Attention in Neural Networks - 17. Transformer (1)

|

Attention Mechanism in Neural Networks - 17. Transformer (1)

In the previous posting, we implemented the hierarchical attention network architecture with Pytorch. Now let’s move on and take a look into the Transformer. During the last few years, the Transformer has truly revolutionized the NLP and deep learning field. As mentioned in the deep learning state-of-the-art 2020 posting, the Bidirectional Encoder Representations from Transformers (BERT) achieved cutting-edge results in many major NLP tasks such as sentence classification and question answering.
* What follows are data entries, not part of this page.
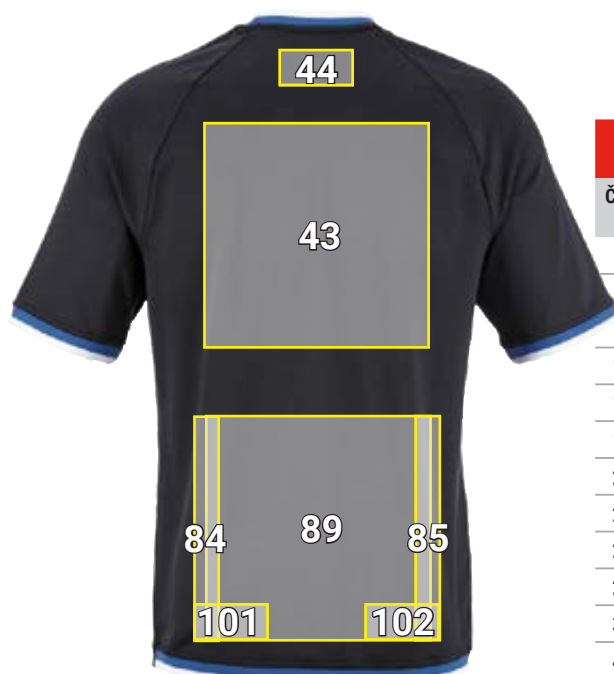

# FUNKČNÍ-TRIKO E.S.AMBITION\*

Č.	Návrh umístění Funkční-triko e.s.ambition	Standardní rozměry (šířka x výška v cm)			
		Přímá výšivka	Nášivka emblém	Foliový tisk	Sítotisk
1	Levá náprsní strana	10 x 4,5	10 x 10	10 x 10	10 x 10
8	Po stranách vlevo	—	—	5 x 30	5 x 30
9	Levá náprsní strana od švu na rameni	—	—	5 x 25	—
10	Nad lem/spoj vlevo	10 x 4,5	10 x 5	10 x 5	10 x 5
11	Levá paže	10 x 4,5	10 x 5	10 x 5	10 x 5
16	Pravá náprsní strana	10 x 4,5	10 x 10	10 x 10	10 x 10
23	Po stranách vpravo	—	—	5 x 30	5 x 30
24	Pravá náprsní strana od švu na rameni	—	—	5 x 25	—
25	Nad lem/spoj vpravo	10 x 4,5	10 x 5	10 x 5	10 x 5
26	Pravá paže	10 x 4,5	10 x 5	10 x 5	10 x 5
32	Hruď uprostřed	—	10 x 5	30 x 30	25 x 30
43	Záda uprostřed	—	—	30 x 30	25 x 30
44	Šíje uprostřed	10 x 4,5	10 x 5	10 x 5	10 x 5
84	Levá boční strana	—	—	5 x 30	5 x 30
85	Pravá boční strana	—	—	5 x 30	5 x 30
89	spodní oblast zad	—	—	25 x 25	30 x 30
101	Zadní strana vlevo nad lemem/spojem	10 x 4,5	10 x 5	10 x 5	10 x 5
102	Zadní strana vpravo nad lemem/spojem	10 x 4,5	10 x 5	10 x 5	10 x 5

\*Příklad barvy/nanesení reklamy je možné v případě všech barev zboží!  
Obrázek slouží výhradně k znázornění.
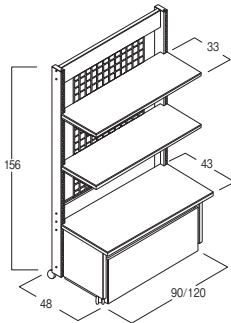

**組立 運賃**

H1500メッシュタイプ

場所を選ばず壁面型・島型どちらでも使用できます。  
メッシュ仕様で開放感があります。

H1500パネルタイプ

場所を選ばず壁面型・島型どちらでも使用できます。  
W900とW1200の2タイプがあります。

Dタイプ基本プラン

● 棚の数、位置は自由に設定できます。● 棚は2.5cmの間隔で調整できます。

センターメッシュタイプ

01 (52464) W900  
約90×48×H156cm

02 (52620) W1200  
約120×48×H156cm

- 棚板 D33cm×2枚
- キャスター(φ5cm)  
(内2ヶはストッパー付)

センターメッシュタイプ  
(ストッカーとびら式)

03 (52479) W900  
約90×48×H156cm

- 棚板 D33cm×2枚
- キャスター(φ5cm)  
(内2ヶはストッパー付)

センターパネルタイプ

04 (52465) W900  
約90×48×H156cm

05 (52466) W1200  
約120×48×H156cm

- 棚板 D33cm×2枚
- キャスター(φ5cm)  
(内2ヶはストッパー付)

両面センター  
メッシュタイプ

06 (52641) W900  
約90×90×H156cm

07 (52622) W1200  
約120×90×H156cm

- 棚板 D33cm×4枚
- キャスター(φ5cm)  
(内2ヶはストッパー付)
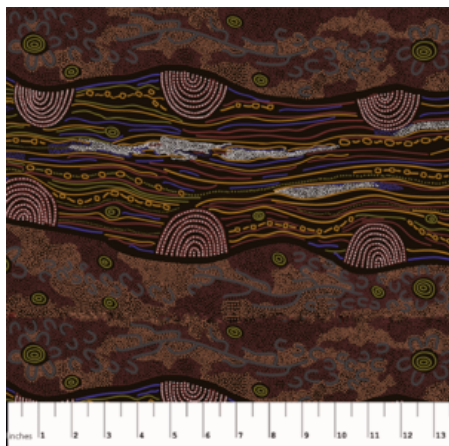

SANDY CREEK RED

Herkunft Australien
Material Baumwolle
Flächengewicht 130 g/m²
Breite 110 cm

Artikelnummer: AS114

Preis: 10,49 € / ½ lfm
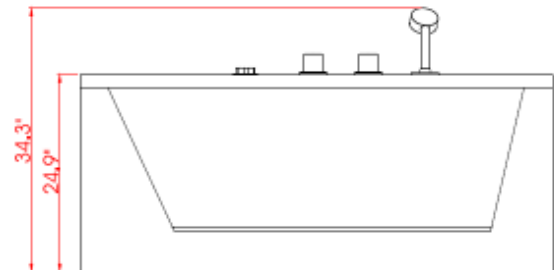

#### MODEL: PW1547032LW1

Size	70.9"W x 31.5"D x 24.9"H
Features	<ul style="list-style-type: none"><li>• 110V/60Hz</li><li>• 1.5HP Water Pump</li><li>• Handheld Showerhead</li><li>• 19 Hydro-Massage Jets</li><li>• Headrest</li></ul>

#### SPECIFICATIONS

FRONT VIEW

BACK VIEW

SIDE VIEW

TOP VIEW
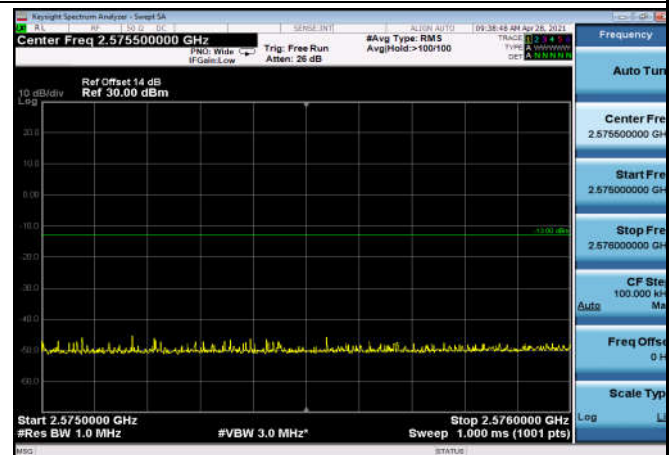

FDD07_20MHz_2560_Q16_OneRB_high_ExtraBands_Range_2575~2576
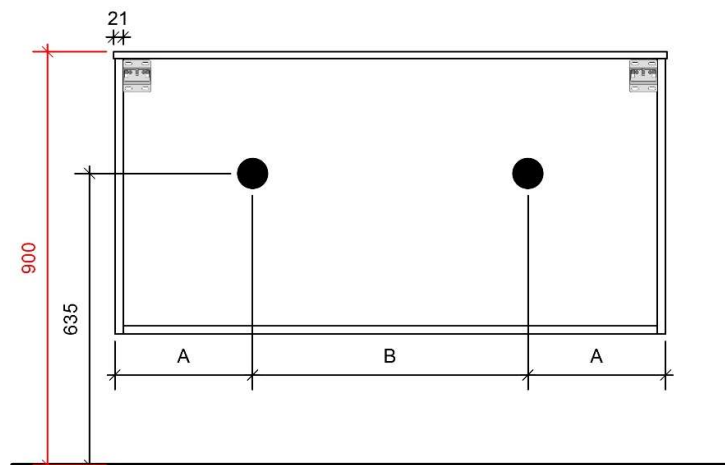

Breedtematen
A= 300mm
B= 600mm
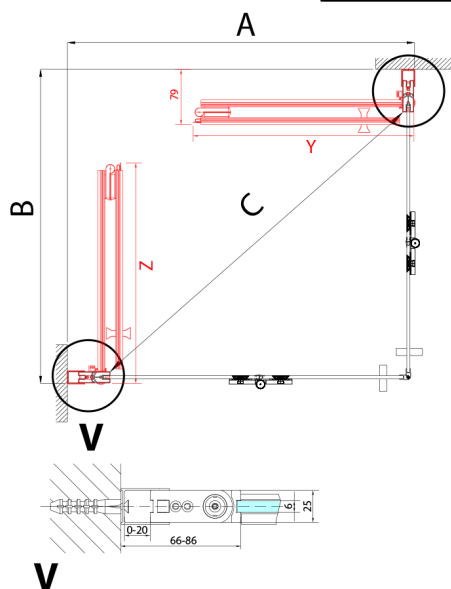

ZOOM BLACK Bi-fold Shower Door 900 mm, clear glass, left

Order code: ZL4915BL

Size

Width: 900 mm

Height: 2000 mm

Properties

Warranty: 3 years

Technical sheet

ZL4715BL
ZL4815BL
ZL4915BL

ZL4715BR
ZL4815BR
ZL4915BR

Model	A	B
ZL4715B	685-715	697
ZL4815B	785-815	797
ZL4915B	885-915	897

Model	A	B	Y
ZL4715B	670-690	837	339
ZL4815B	770-790	978	378
ZL4915B	870-890	1119	438

ZL4715BL
ZL4815BL
ZL4915BL

ZL4715BR
ZL4815BR
ZL4915BR

Model L	Model R	A	B	C	Y	Z
ZL4715BL	+ ZL4815BR	670-690	770-790	907	378	339
ZL4715BL	+ ZL4915BR	670-690	870-890	978	438	339
ZL4815BL	+ ZL4915BR	770-790	870-890	1048	438	378
ZL4815BL	+ ZL4715BR	770-790	670-690	907	339	378
ZL4915BL	+ ZL4715BR	870-890	670-690	978	339	438
ZL4915BL	+ ZL4815BR	870-890	770-790	1048	378	438
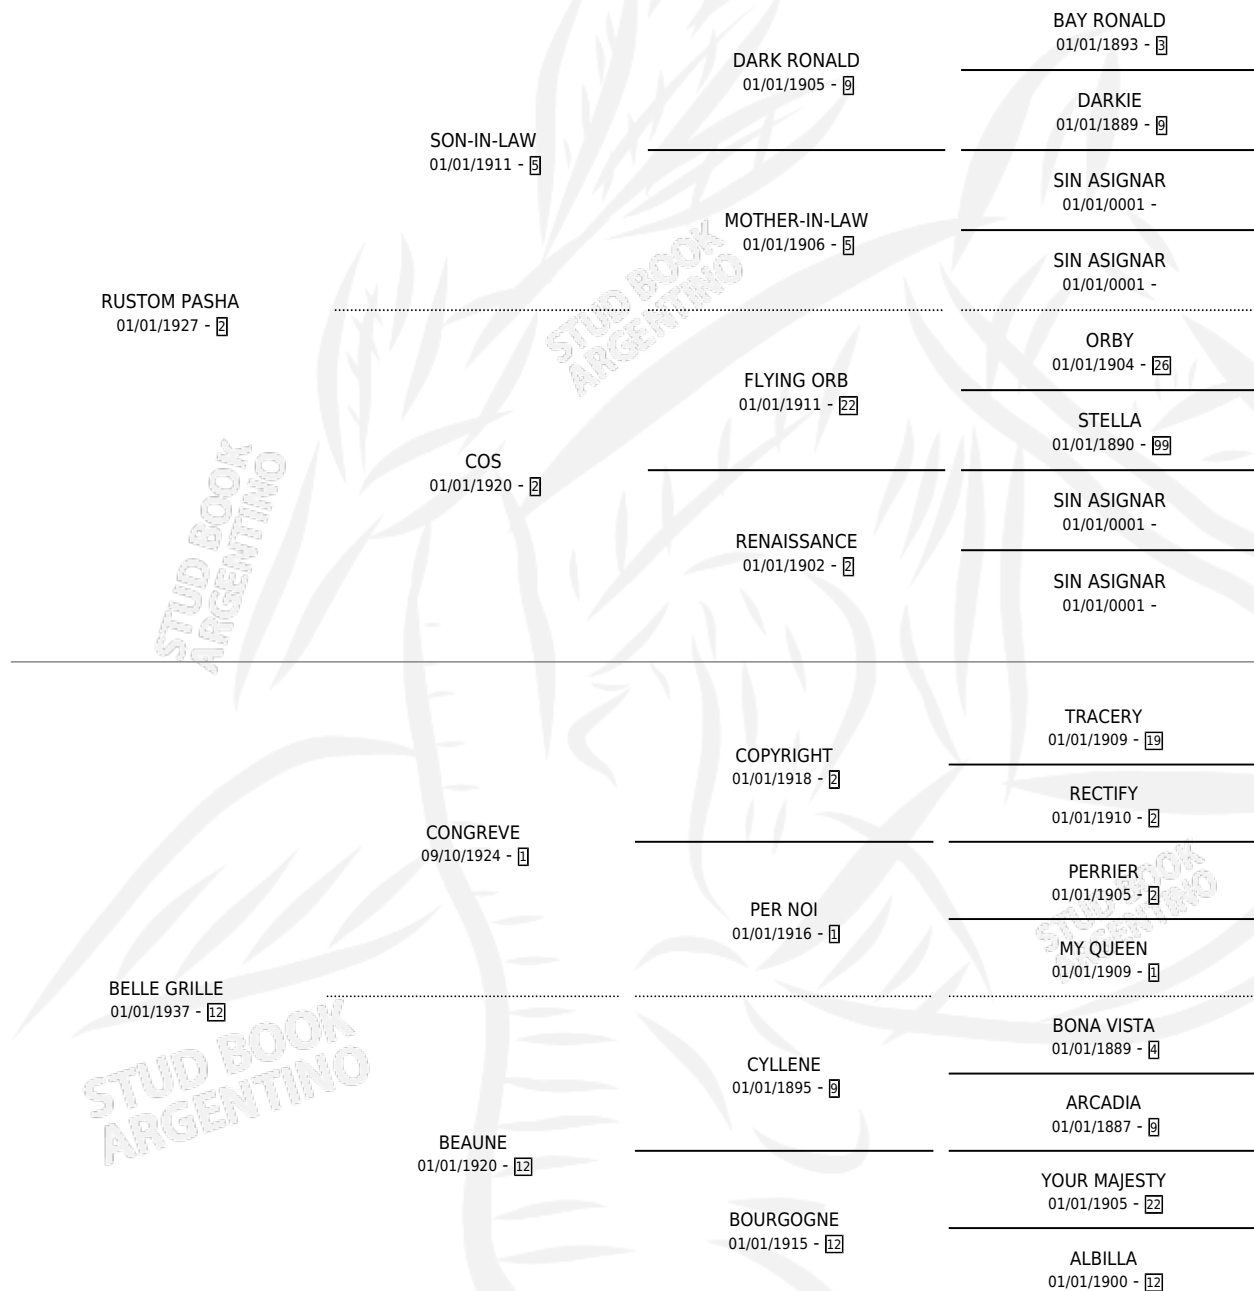

Lugar de nacimiento: Campo particular

Criador: Sin dato

~

HIJOS

	MACHOS	HEMBRAS
3 NACIERON	0	3
SIN ACTUACIONES		

PEDIGREE

BOUTEILLE

Datos oficiales del Stud Book Argentino
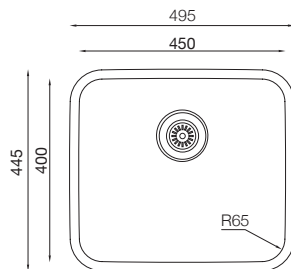

MENFIS 455

Ref. 304455
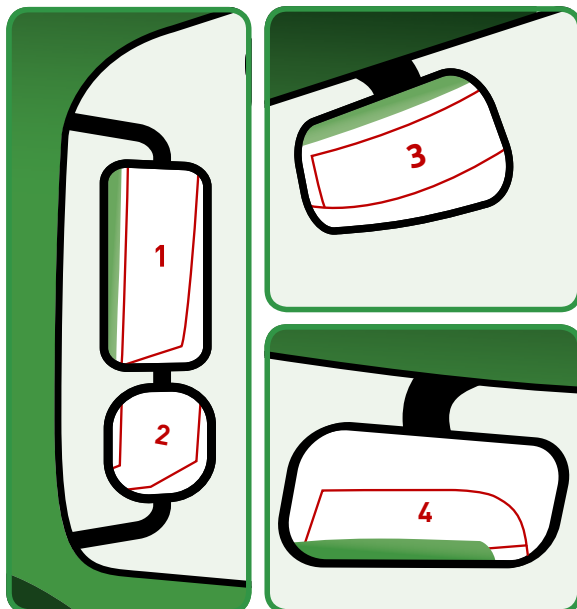

## Staan uw spiegels juist afgesteld?

Door regelmatig uw spiegels goed af te stellen heeft u meer zicht. Zo verkleint u de kans dat u betrokken raakt bij een ernstig ongeval met bijvoorbeeld fietsers. De spiegelafstelplaats is daarbij een prima hulpmiddel.

## Hoe werkt de spiegelafstelplaats?

Rijd uw vrachtwagen recht tussen de opstellijnen. Stop zo dat u de oogmeetlijn (links naast u op de grond) precies naast u heeft. Uw ogen moeten zich loodrecht boven deze lijn bevinden. Zet uw stoel in de juiste positie en ga recht zitten. Kijk in uw rechter spiegels.

## Welk vak moet u kunnen zien met welke spiegel?

<b>Vak 1</b>	<b>Hoofdspiegel</b> In de hoofdspiegel ziet u alle lijnen van vak 1.
<b>Vak 2</b>	<b>Breedtespiegel</b> Vrachtauto's toegelaten voor 2007 bereiken dit vereiste zichtveld in combinatie met een erkend zichtveldsysteem zoals de Dobli-spiegel, DAF-spiegel, camera of binnenspiegel. In deze spiegel ziet u alle lijnen en de buitenste lijn van vak 1.
<b>Vak 3</b>	<b>Trottoirspiegel(*)</b> Voor vrachtauto's toegelaten voor 2007: U ziet ten minste de binnenlijnen van vak 3. Voor vrachtauto's toegelaten sinds 2007: U ziet alle buitenlijnen van vak 3.
<b>Vak 4</b>	<b>Frontzichtspegel(*)</b> Verplicht voor vrachtauto's toegelaten sinds januari 2007. U ziet alle lijnen van vak 4.
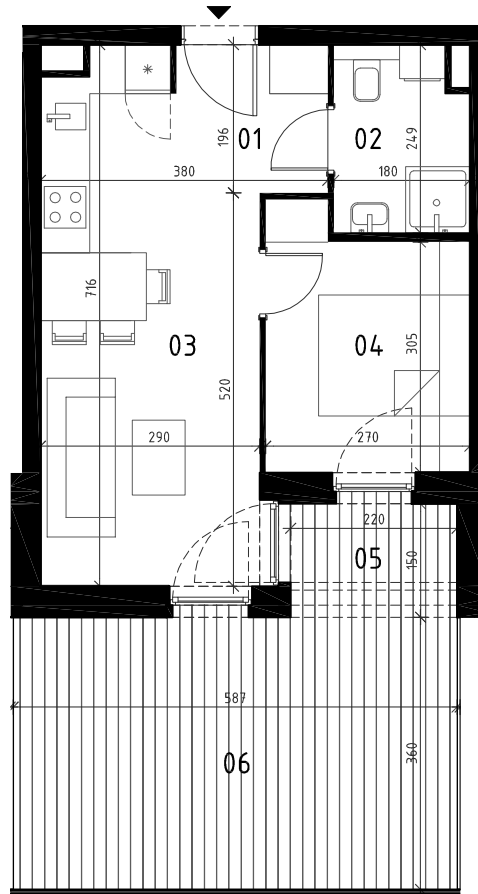

EKOPARK
OSIEDLE

0 1 2 3 4 5 m
SKALA 1:100

BUDYNEK D (NR 7)

**MIESZKANIE 2 POKOJOWE
PIĘTRO 0
NR LOKALU 48 (KLATKA B)**

01 KORYTARZ	3.11 m ²
02 ŁAZIENKA	4.14 m ²
03 POKÓJ Z ANEKSEM	18.73 m ²
04 POKÓJ	8.51 m ²

POWIERZCHNIA UŻYTKOWA 34.49m²

05 LOGGIA	3.19 m ²
06 TARAS	21.13 m ²
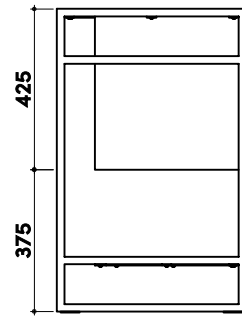

tikamoon

CA506R_3

W x D x H (mm)
1500 x 615 x 900
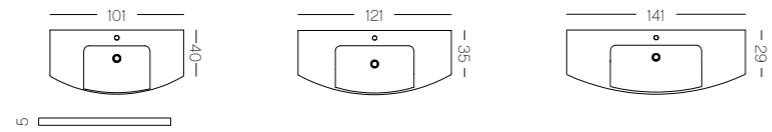

DÉCORS, FINITIONS ET COLORIS DISPONIBLES (FAÇADE F & CAISSON C)

PLANS DE TOILETTE, VASQUES DISPONIBLES (CM)

DESIGN A

DESIGN B

DESIGN C

Eloge, largeur 121 cm. Plan de toilette en marbre reconstitué (Design B). Finition Natura Wood.

Furthermore, a number of BERT-based models demonstrating superhuman performances, such as XLNET, RoBERTa, DistilBERT, and ALBERT have been proposed recently.

The Transformer neural network architecture, proposed by Vaswani et al. (2017) is relatively simple and quick to train compared to deep RNNs or CNNs. However, some alien terminologies, e.g., multi-head attention and positional encoding, make it daunting for beginners. In this posting, let’s take a first step for a beginner-friendly look at the architecture.

Query, keys, values

In the abstract, what attention does is calculating the weights for each element in values ($V$), given queries ($Q$) and keys ($K$). Therefore, it can be said that the relationship between $Q$ and $K$ determines the weights. In the RNN Encoder-Decoder model that we have seen so far, the keys and values are identical, which are the hidden states from the encoder.

\begin{equation} K = V = (h_1, h_2, … h_n) \end{equation}

Wheareas $Q$ is the (current) hidden state of the decoder, i.e., $s_i$. The weights for $V$ are computed by the alignment model ($a$) that aligns $Q$ and $K$. The normalized weights ($\alpha_{ik}$) are then used to compute the context vector ($c_t$). As we have seen in the previous posting, there are many choices for the alignment model, i.e., how to compute $c_t$.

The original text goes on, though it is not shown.